原本千雉軍並不會這麽快就開拔,但是計劃趕不上變化,其原因多多少少與李小白有些關聯。


    若非一百多頭力畜與車輛就像及時雨一樣大大緩解了千雉軍急需糧草運輸力量的燃眉之急,折衝都尉俞鴻也不會這麽快就下決定出征。


    早一日抵近邊關,便意味著針對風玄國的主動權就會多一分。


    僅僅半天的功夫,所有營帳全數拆除完畢。


    李小白隨著異士營的五位術士分別乘兩輛碩大的專用牛車,隨大軍一起出征。


    寬敞明亮的車廂足以坐下十人,還十分寬裕,但是乘客卻隻有瞎老、李小白和夜泣三人。


    原本負責看住異士營裏最危險一分子的隻有修為最高的瞎老,現如今又多了李小白這麽一個克星。


    坐在不斷搖晃的車廂內,這貨正百無聊賴的用小銼刀修著指甲,一條小青蛇盤在身前的矮幾桌麵上,慵懶地曬著窗外投進來的陽光,術士馴養靈獸十分尋常,若是有能耐,連大妖都可收得。


    當然,與人族凝胎境相當的真丹境大妖僅限於想想罷了,不少術道宗門之主都未必有凝胎境的修為。


    桌上壓著一疊桑皮紙和幾支臨時做出來的炭筆。


    每一張桑皮紙都是一道算術題,這些玩意兒對夜泣這家夥的鎮壓效果甚至比靈符還好使,倒是省了瞎老不少力氣,此次開拔倒比以往輕鬆的多。


    “夜泣這孩子,也是一個可憐人!”


    盡管符封雙眼,目不能視,瞎老看向那個埋頭擺弄算籌的年輕人,神情與視力正常的健康人無異,正如他所說的那樣,眼雖瞎,心卻未必瞎。


    “小郎,你可願意聽一聽他的故事?”


    瞎老儼然已經完全接受了李小白成為異士營的正式一員。


    “願聞其詳!”


    李小白並不介意當一個聽眾。


    瞎老點了點頭,不緊不慢地說道:“你或許已經知道,凡是加入異士營的術士大多是因為在外麵惹了得罪不起的人或勢力,不得不逃進軍隊避禍,但是夜泣卻並沒有得罪人,他不是來避禍的。
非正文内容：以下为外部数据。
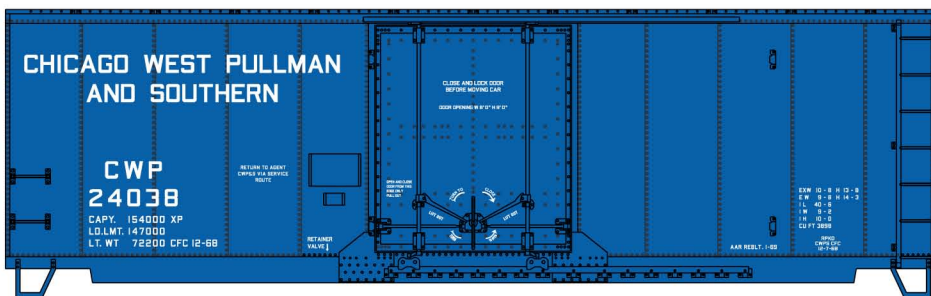

#8172 Limited Run Private Owner Steel Company USRA Twin Hopper 3-Car Set \$58.98 Retail

Singles available separately \$19.98 Each Retail
#81721 Carnegie Steel Co.
#81722 Superior Steel Co.
#81723 National Tube Co.

#4911 Green Bay Route 40' Wood Refrigerator Car \$21.98 Retail

#3140 Chicago West Pullman & Southern 40' Insulated Steel Boxcar \$20.98 Retail

#6549 Norfolk & Western Pullman Standard Covered Hopper \$22.98 Retail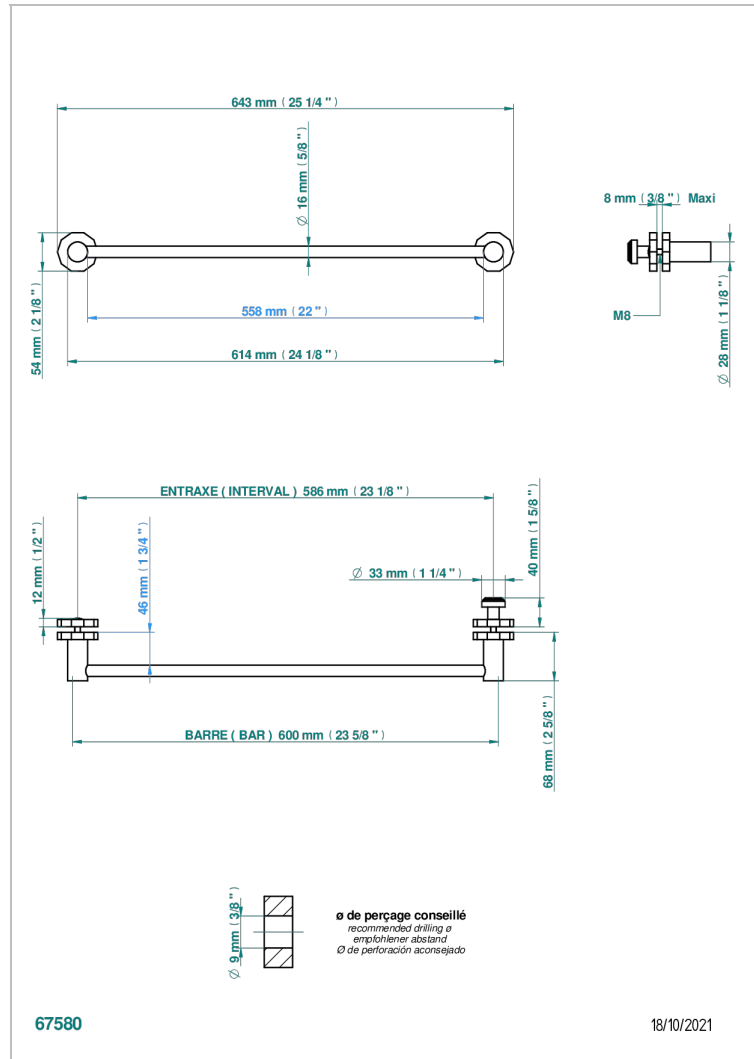

LES ONDES WITH LEVER HANDLES

G8B-514V2

Towel rail with one rail for glass door with knob on side and escutcheon the other side

CHARACTERISTIC

- Les Ondes with lever handles
- Towel rail with one rail for glass door with knob on side and escutcheon the other side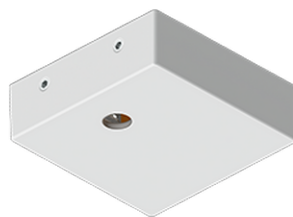

NYBRO 10 (NYB-90266)

Product description

Down - 60x80 mm - 2906 mm - RGBW

Luminaire Structure

- Die-cast aluminium end-caps and extruded aluminium profile with powder coating
- Stainless steel fasteners in grade 316
- Single cable entry
- Suspension kit is stainless steel 304 grade, adjustable, suspension (1.5 m) complete with electrical wires in white for mounting
- PMMA diffuser with Opal (UGR <19) and micro prismatic (UGR <13) options for better glare control

NYBRO 10 (NYB-90266)

Technical information

Material	Aluminium	Driver option	Integral control gear	CCT / CRI	RGBW40
Light source	480 LED	Driver	Constant current (CC)	Dimming type	Bluetooth
Power	105 W	Input voltage	220-240 V 50/60 Hz	Product colours	Black, White, Matt Silver, Concrete - Urban, Softscape - Urban, Stone - Urban, Corten - Urban, Oak - Woodland, Walnut - Woodland, Pine - Woodland
Lumen	7260 lm	Optic	O, P		Weight
Efficacy	69 lm/W	Optic value	Opal, Micro-prismatic	Operating temperature	-20 °C to 40 °C

NYB-90266

Accessories

Continuous-coupler bracket
(60/70 mm Down & 60 mm
Down & Up profile)
A81581

Supply cable surface mounting
box
A80981

Wireless bluetooth converter
A90291

Xpress wireless switch
A90591

Integrated track - 3 phase - DALI
for NYBRO
A81491

”


    “哦?”


    李小白有些驚詫,這個有著強烈受迫害妄想症卻極度癡迷於算術的年輕人出現在千雉軍的異士營內有著不同尋常的緣由。


    “在幼年的時候,他曾經被一夥窮兇極惡的悍匪綁架過,雖然僥幸被解救了迴來,卻從此性情大變,隨著年齡增長,夜泣幸運的繼承了家傳術道絕學,而且進境極快,但是修為提升後,不定時發作的狂性和造成的破壞同樣與日俱增,他的族人再也忍受不了這樣的威脅,想要廢掉他的修為並將他關起來,夜泣的父母不想自己唯一的孩子失去術士身份和自保能力,徹底淪落為一個斷絕所有希望的廢人,便托了人將他送到千雉軍,希望即使狂性大發,也有人能夠治得住他,或許能夠通過戰陣廝殺,重新喚醒消失已久的勇氣,哪怕他日戰死在沙場上,也總比連凡人都不如的廢人般渾渾噩噩一生要強。”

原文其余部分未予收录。